[Records excerpted from a collection]

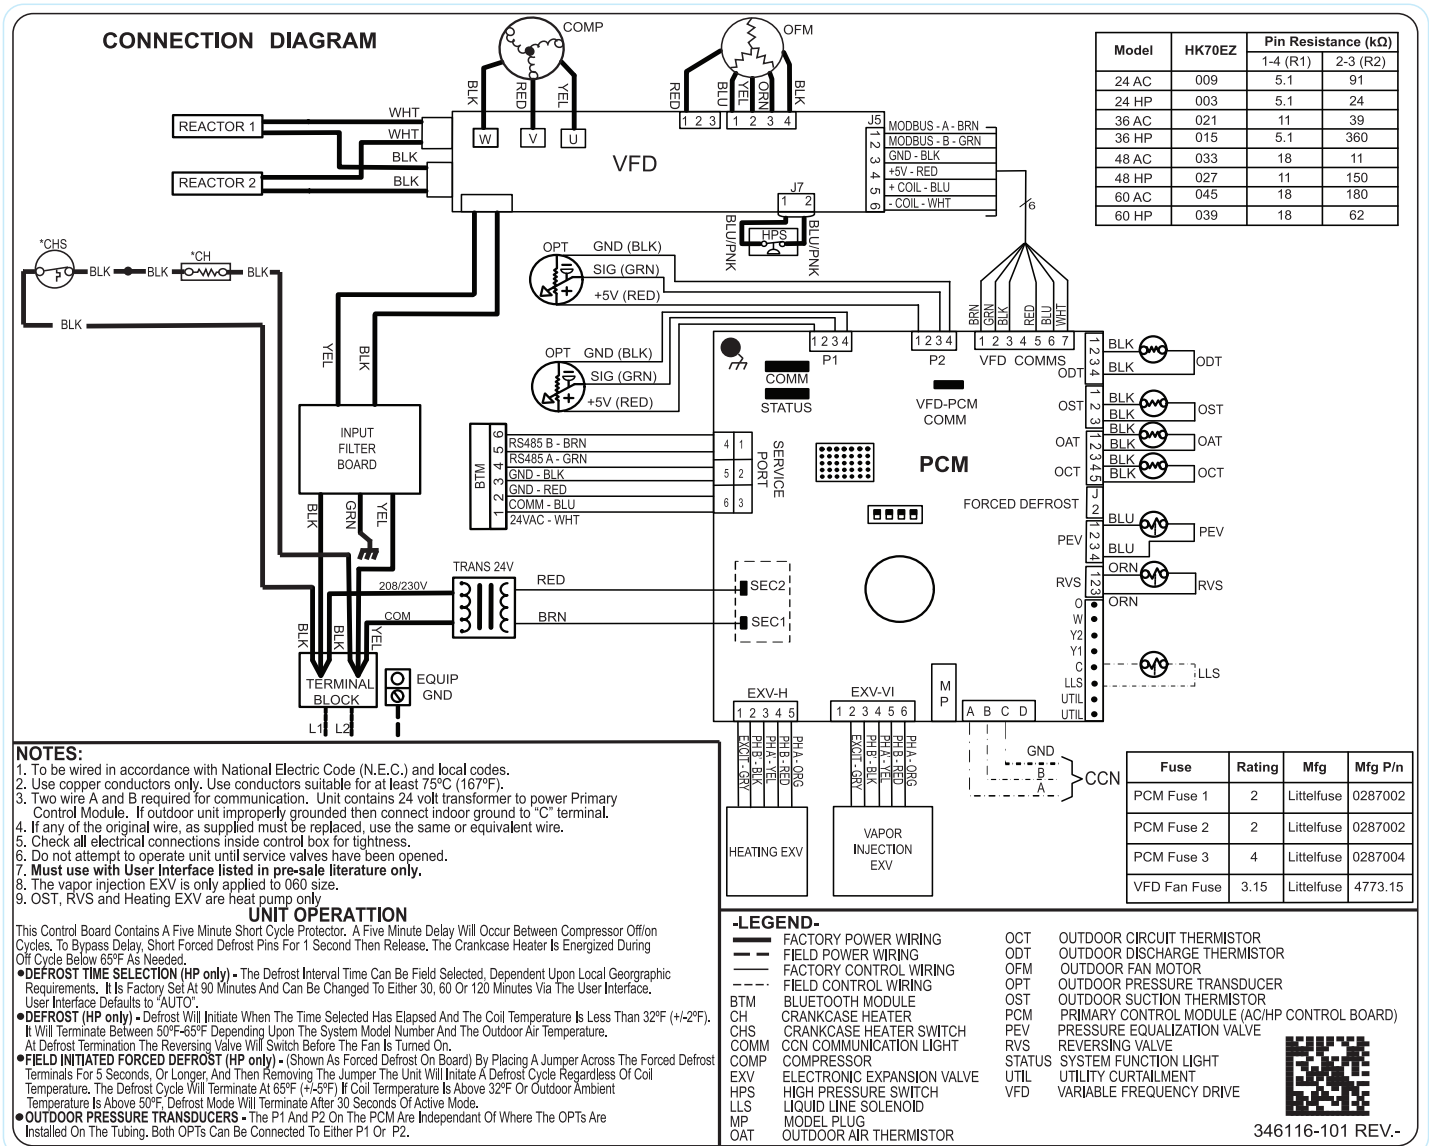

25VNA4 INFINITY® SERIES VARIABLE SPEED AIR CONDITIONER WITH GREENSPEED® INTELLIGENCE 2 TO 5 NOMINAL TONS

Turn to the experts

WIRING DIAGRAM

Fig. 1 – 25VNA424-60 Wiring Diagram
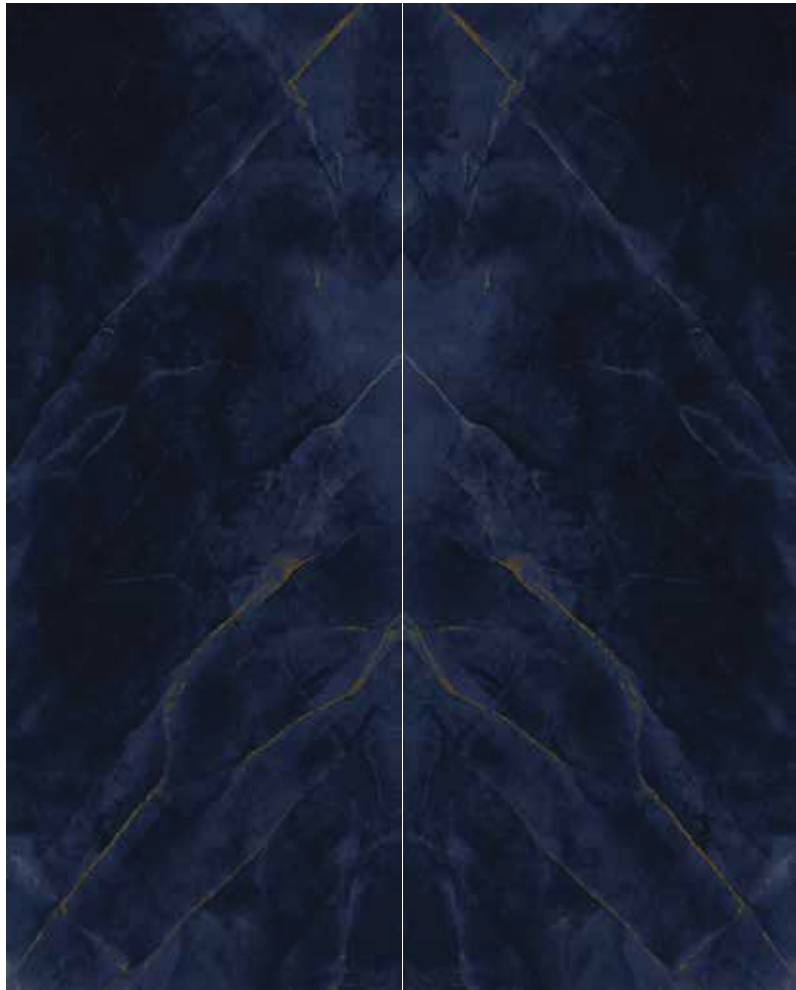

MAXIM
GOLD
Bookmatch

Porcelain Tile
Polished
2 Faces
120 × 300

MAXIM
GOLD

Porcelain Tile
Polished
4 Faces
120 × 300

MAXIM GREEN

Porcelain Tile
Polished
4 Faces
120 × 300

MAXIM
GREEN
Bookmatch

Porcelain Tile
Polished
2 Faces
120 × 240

==

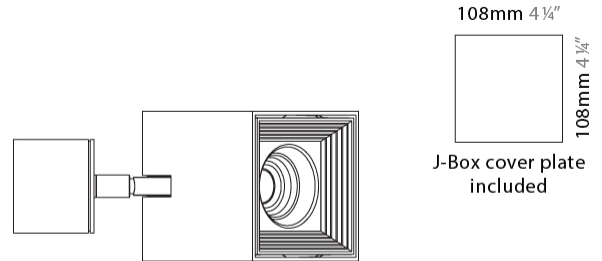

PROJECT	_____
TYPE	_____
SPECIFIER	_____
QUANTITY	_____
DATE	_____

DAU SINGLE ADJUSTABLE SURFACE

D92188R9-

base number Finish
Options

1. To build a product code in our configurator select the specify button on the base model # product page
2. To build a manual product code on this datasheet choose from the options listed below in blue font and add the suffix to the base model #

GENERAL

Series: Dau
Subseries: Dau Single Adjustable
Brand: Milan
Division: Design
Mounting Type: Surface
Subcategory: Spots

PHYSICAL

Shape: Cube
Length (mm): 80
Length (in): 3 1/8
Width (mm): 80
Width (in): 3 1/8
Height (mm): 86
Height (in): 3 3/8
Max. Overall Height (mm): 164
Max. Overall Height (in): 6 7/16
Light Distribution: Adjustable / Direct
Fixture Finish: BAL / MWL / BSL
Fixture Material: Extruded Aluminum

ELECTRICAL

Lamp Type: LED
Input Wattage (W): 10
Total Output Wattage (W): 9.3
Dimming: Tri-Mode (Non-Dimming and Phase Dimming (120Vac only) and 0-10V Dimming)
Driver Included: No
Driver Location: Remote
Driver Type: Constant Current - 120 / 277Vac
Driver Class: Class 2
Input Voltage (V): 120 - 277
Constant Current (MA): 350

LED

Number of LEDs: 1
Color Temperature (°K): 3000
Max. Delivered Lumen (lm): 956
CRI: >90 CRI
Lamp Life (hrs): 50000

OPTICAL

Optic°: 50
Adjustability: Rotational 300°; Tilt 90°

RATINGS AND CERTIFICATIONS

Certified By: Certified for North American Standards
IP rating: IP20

* * *

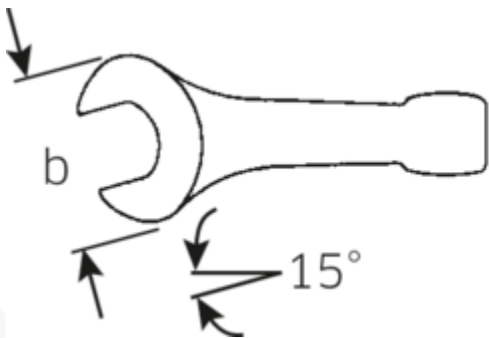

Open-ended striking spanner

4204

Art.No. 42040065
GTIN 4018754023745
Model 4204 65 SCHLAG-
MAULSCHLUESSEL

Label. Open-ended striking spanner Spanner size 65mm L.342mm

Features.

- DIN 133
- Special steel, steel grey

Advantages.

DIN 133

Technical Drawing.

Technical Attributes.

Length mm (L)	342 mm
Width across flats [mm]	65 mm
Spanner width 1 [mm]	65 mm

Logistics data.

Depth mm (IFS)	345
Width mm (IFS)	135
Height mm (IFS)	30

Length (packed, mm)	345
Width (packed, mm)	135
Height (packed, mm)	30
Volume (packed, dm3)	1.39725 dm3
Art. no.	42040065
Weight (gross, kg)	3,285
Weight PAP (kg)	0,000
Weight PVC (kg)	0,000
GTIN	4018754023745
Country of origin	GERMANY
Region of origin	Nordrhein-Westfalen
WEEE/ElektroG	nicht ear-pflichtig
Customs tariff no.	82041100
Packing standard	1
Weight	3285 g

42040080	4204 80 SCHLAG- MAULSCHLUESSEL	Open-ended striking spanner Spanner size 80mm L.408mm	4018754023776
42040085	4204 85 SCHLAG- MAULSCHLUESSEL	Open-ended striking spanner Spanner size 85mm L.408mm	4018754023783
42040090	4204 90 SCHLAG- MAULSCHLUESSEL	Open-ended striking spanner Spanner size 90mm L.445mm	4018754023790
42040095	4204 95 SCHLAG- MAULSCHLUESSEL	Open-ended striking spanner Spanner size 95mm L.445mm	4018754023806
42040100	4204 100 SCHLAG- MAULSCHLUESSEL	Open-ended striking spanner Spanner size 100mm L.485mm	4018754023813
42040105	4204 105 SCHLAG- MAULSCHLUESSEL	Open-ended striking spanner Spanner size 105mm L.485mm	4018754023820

__What to do__: Among the lines above, which hold the word "Height"? Report each one.

__Answer box__:
Height (mm): 86
Height (in): 3 3/8
Max. Overall Height (mm): 164
Max. Overall Height (in): 6 7/16
Height mm (IFS)	30
Height (packed, mm)	30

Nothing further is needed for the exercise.